**Your task**
Where a line contains the word "Aéroville", copy that line from the records below.

**Provided records**
▼
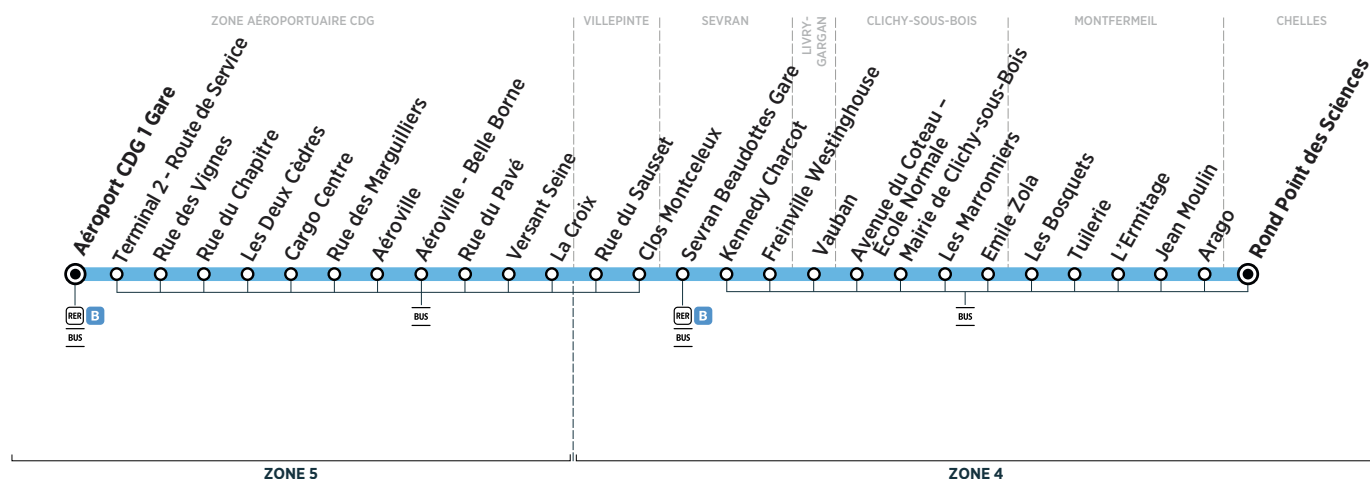

BUS Express 100 CHELLES → ZONE AÉROPORTUAIRE CDG

Horaires valables du 27 août 2019 au 30 août 2020

Du lundi au vendredi

CHELLES	Rond Point des Sciences	4:00	4:40	5:20	5:50	6:20	6:50	7:20	7:50	8:20	8:50	9:20	10:20
MONTFERMEIL	Arago	4:01	4:41	5:21	5:51	6:21	6:51	7:21	7:51	8:21	8:51	9:21	10:21
	Jean Moulin	4:02	4:42	5:22	5:52	6:22	6:52	7:22	7:52	8:22	8:52	9:22	10:22
	L'Ermitage	4:03	4:43	5:23	5:53	6:23	6:53	7:23	7:53	8:23	8:53	9:23	10:23
	Tuileries	4:04	4:44	5:24	5:54	6:24	6:55	7:25	7:55	8:25	8:55	9:25	10:25
	Les Bosquets	4:05	4:45	5:25	5:55	6:25	6:56	7:26	7:56	8:26	8:56	9:26	10:26
CLICHY-SOUS-BOIS	Emile Zola	4:06	4:46	5:26	5:56	6:26	6:57	7:27	7:57	8:27	8:57	9:27	10:27
	Les Marronniers	4:09	4:49	5:29	5:59	6:29	7:00	7:30	8:00	8:30	9:00	9:30	10:30
	Mairie de Clichy-sous-Bois	4:09	4:49	5:29	5:59	6:30	7:01	7:31	8:01	8:31	9:00	9:30	10:30
	Avenue du Coteau - École Normale	4:11	4:51	5:31	6:01	6:33	7:04	7:34	8:04	8:34	9:02	9:32	10:32
LIVRY-GARGAN	Vauban	4:16	4:56	5:36	6:07	6:39	7:10	7:40	8:10	8:40	9:07	9:37	10:37
SEVRAN	Freinville Westinghouse	4:18	4:58	5:39	6:10	6:42	7:13	7:43	8:13	8:43	9:10	9:40	10:40
	Kennedy Charcot	4:20	5:00	5:41	6:12	6:45	7:16	7:46	8:16	8:46	9:14	9:43	10:43
	Sevrans Beaudottes Gare	4:25	5:05	5:46	6:17	6:51	7:22	7:52	8:22	8:52	9:20	9:49	10:49
VILLEPINTE	Clos Montceleux	4:27	5:07	5:48	6:19	6:54	7:25	7:55	8:25	8:55	9:23	9:52	10:52
	Rue du Sausset	4:34	5:14	5:55	6:26	7:01	7:32	8:02	8:32	9:02	9:30	9:58	10:58
ZONE AÉROPORTUAIRE CDG	La Croix	4:41	5:21	6:02	6:33	7:10	7:41	8:11	8:41	9:11	9:39	10:06	11:06
	Versant Seine	4:43	5:23	6:04	6:35	7:12	7:43	8:13	8:43	9:13	9:41	10:08	11:08
	Rue du Pavé	4:43	5:23	6:04	6:35	7:12	7:43	8:13	8:43	9:13	9:41	10:08	11:08
	Aéroville - Belle Borne	4:45	5:25	6:06	6:37	7:14	7:45	8:15	8:45	9:15	9:43	10:10	11:10
	Aéroville	4:46	5:26	6:07	6:38	7:15	7:46	8:16	8:46	9:16	9:44	10:11	11:11
	Rue des Marguilliers	4:47	5:27	6:08	6:39	7:16	7:47	8:17	8:47	9:17	9:45	10:12	11:12
	Cargo Centre	4:48	5:28	6:09	6:40	7:17	7:48	8:18	8:48	9:18	9:46	10:13	11:13
	Les Deux Cèdres	4:49	5:29	6:10	6:41	7:18	7:49	8:19	8:50	9:20	9:47	10:14	11:14
	Rue du Chapitre	4:50	5:30	6:11	6:42	7:19	7:50	8:20	8:51	9:21	9:48	10:15	11:15
	Rue des Vignes	4:52	5:32	6:13	6:44	7:21	7:52	8:22	8:53	9:23	9:50	10:17	11:17
	Terminal 2 - Route de Service	4:54	5:34	6:15	6:46	7:23	7:54	8:24	8:56	9:26	9:52	10:19	11:19
Aéroport CDG 1 Gare	4:57	5:37	6:18	6:49	7:26	7:57	8:27	8:59	9:29	9:55	10:22	11:22
▲
**Exercise result**
	Aéroville - Belle Borne	4:45	5:25	6:06	6:37	7:14	7:45	8:15	8:45	9:15	9:43	10:10	11:10
	Aéroville	4:46	5:26	6:07	6:38	7:15	7:46	8:16	8:46	9:16	9:44	10:11	11:11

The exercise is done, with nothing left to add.